Xiao, H., Tilmann, F., van den Ende, M., Rivet, D., Loureiro, A., Tsuji, T., Ugalde, A., Shi, Q., Denolle, M. A. (2026): DeepSubDAS: an earthquake phase picker from submarine distributed acoustic sensing data. - Geophysical Journal International, 245, 2, ggag061.
https://doi.org/10.1093/gji/ggag061


Cite as: https://gfzpublic.gfz.de/pubman/item/item_5038804
Abstract
Given the scarcity of seismometers in marine environments, traditional seismology has limited effectiveness in oceanic regions. Submarine Distributed Acoustic Sensing (DAS) systems offer a promising alternative for seismic monitoring in these areas.

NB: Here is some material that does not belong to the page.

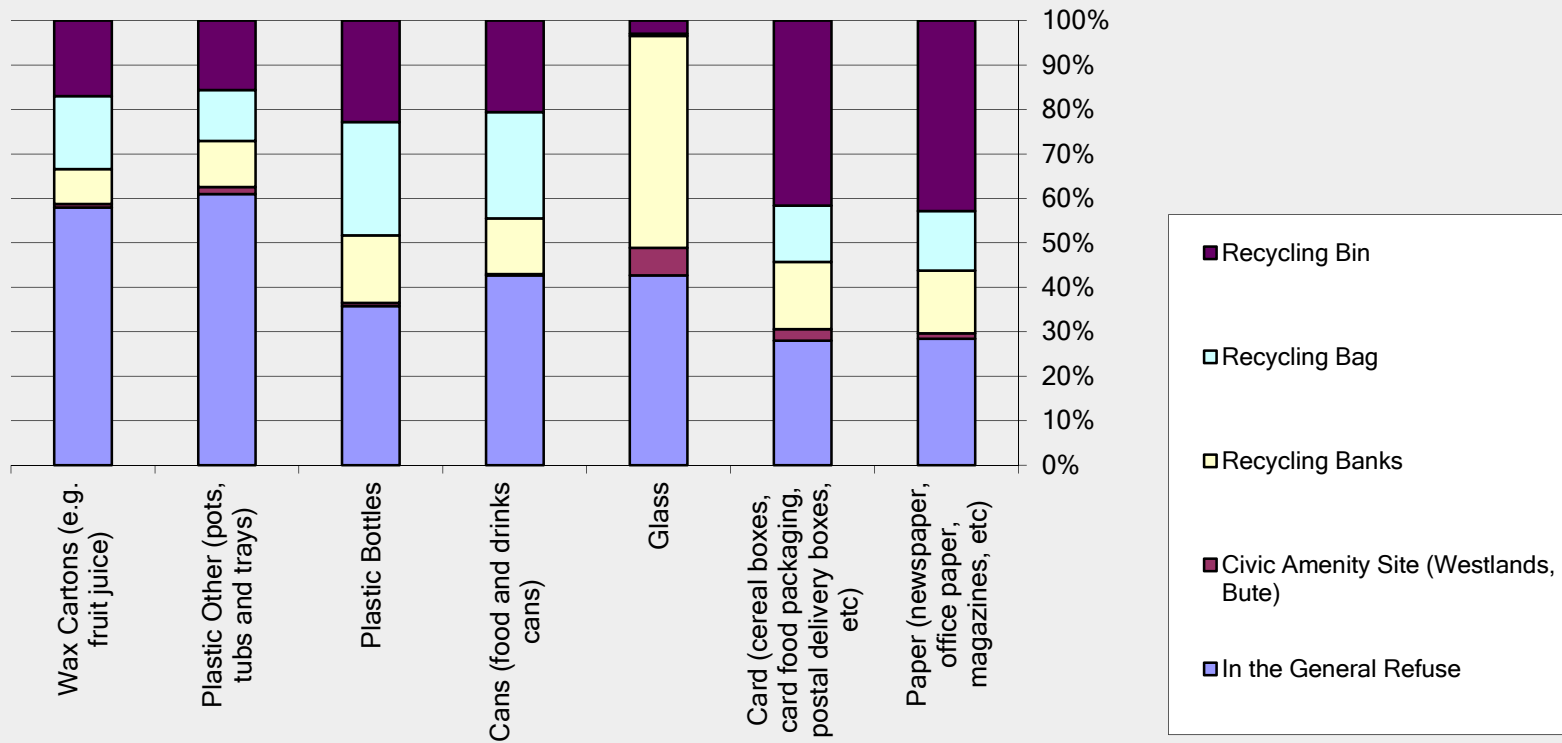

Supporting Zero Waste Behaviour

How do you currently dispose of the following materials? (Tick all the apply)

However, the existing machine learning model trained on land-based DAS data does not perform well with submarine DAS due to differences in noise characteristics, deployment conditions and environmental factors. This study presents a machine learning approach tailored specifically to submarine DAS data to enable automated seismic event detection and P- and S-wave identification. Leveraging DeepLab v3, a neural network architecture optimized for semantic segmentation, we developed a specialized model to handle the unique challenges of submarine DAS data. Our model was trained and validated on a data set comprising nearly 57 million manually and semi-automatically labelled seismic records from multiple globally distributed submarine sites, providing a robust basis for accurate seismic detection. The model adapts to a variety of deployment scenarios and can process DAS data from cables with different lengths, configurations and channel spacings, making it versatile for various ocean environments. We thus provide an adaptable and efficient tool for automated earthquake analysis of DAS data, which has the potential to enhance real-time earthquake monitoring and tsunami early warning in submarine environments.